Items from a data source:
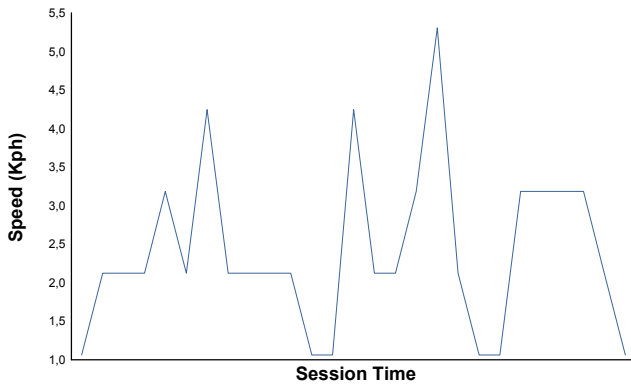

HOCKENHEIM TROFEO PIRELLI Qualifying 2 Weather Report

Air Temperature

Track Temperature

Humidity

Pressure

Wind Speed

Wind Direction

Track Status: **DRY**
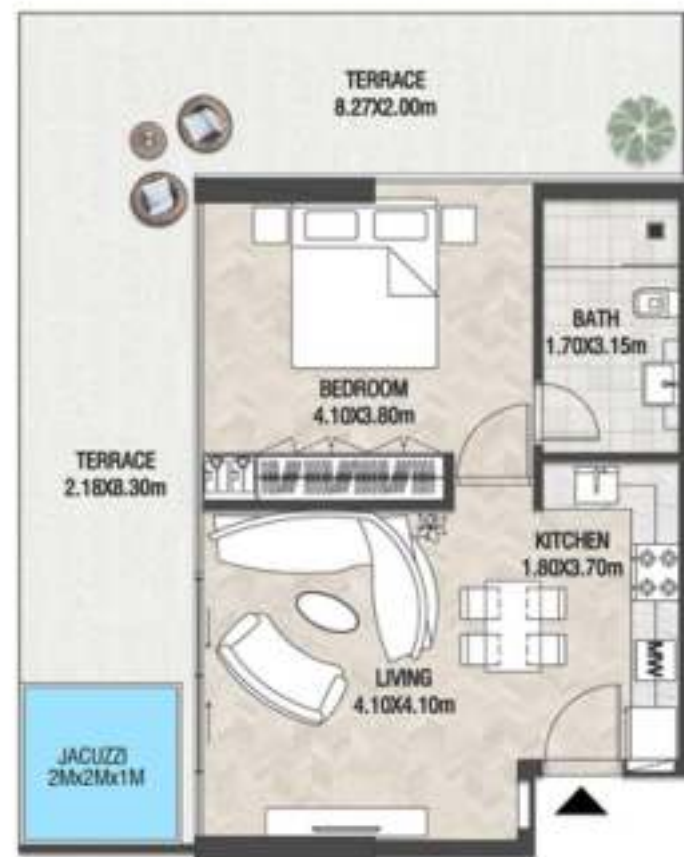

DECA

1 BEDROOM-TYPE 2

LEVEL 6

UNIT 06

SUITE AREA	529.80 SQ.FT	49.22 SQ.M
TERRACE AREA	373.51 SQ.FT	34.70 SQ.M
TOTAL AREA	903.31 SQ.FT	83.92 SQ.M

KEY PLAN

KARMA

DECA
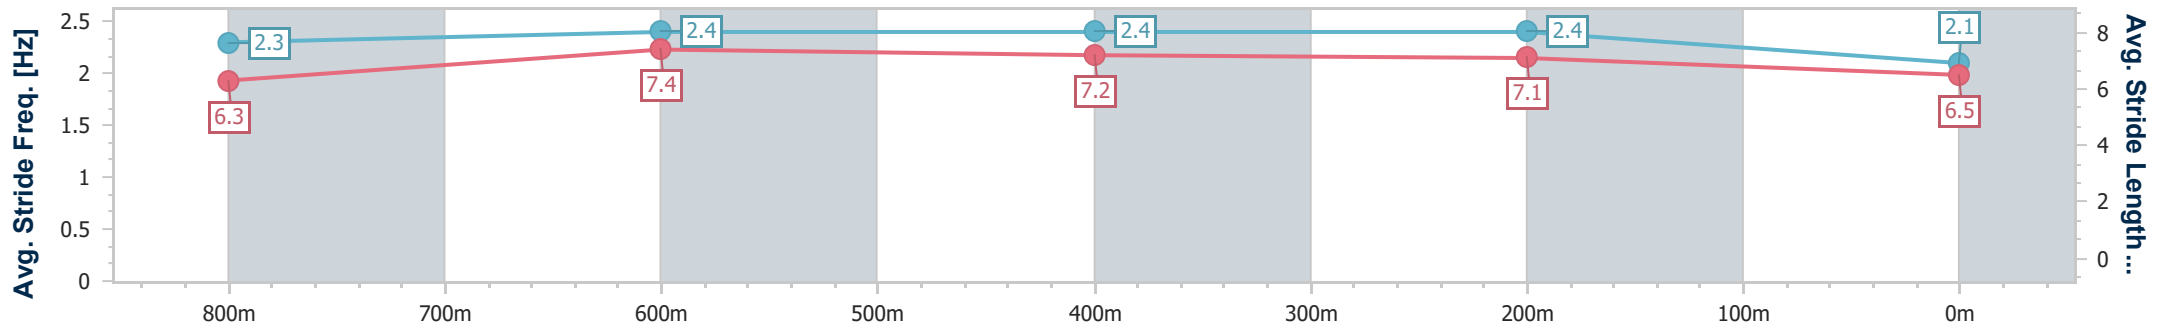

- [ ] Ranking at each section and finish
- .-.- No data available at this section
- NA No data available

Horse/Jockey Name	Military Cure
Final Rank	16
Fastest Section Time (Section)	0:11.29 (800m)
Top Speed [km/h] (Section)	65.8 (800m)
Race State	Finished

Sunshine Coast QLD Professional  
 Race 2: NUMBER ONE QUALITY HOMES Fillies and Mares  
 Maiden Handicap - 1000m

03 February 2023 - 18:40

Track Rating: Good 4, Weather: Fine, Rail Position: +2m

Section	Overall	800m	600m	400m	200m
Section Times	1:03.33 [16] (0:13.81)	0:49.52 [9] (0:11.29)	0:38.23 [10] (0:11.55)	0:26.68 [14] (0:11.96)	0:14.72 [16] (0:14.72)
Average Speed [km/h]	52.1	64.1	62.9	60.3	49.0
Top Speed [km/h]	65.7	65.8	64.4	62.3	56.6
Avg. Dist. to Rail [m]	3.3	1.4	1.9	4.8	7.1
Avg. Stride Freq. [Hz]	2.3	2.4	2.4	2.4	2.1
Avg. Stride Length [m]	6.3	7.4	7.2	7.1	6.5

# Your instructions:
Count how many lines above contain the word "Speed". Reply with the number alone.

# Answer to this problem:
4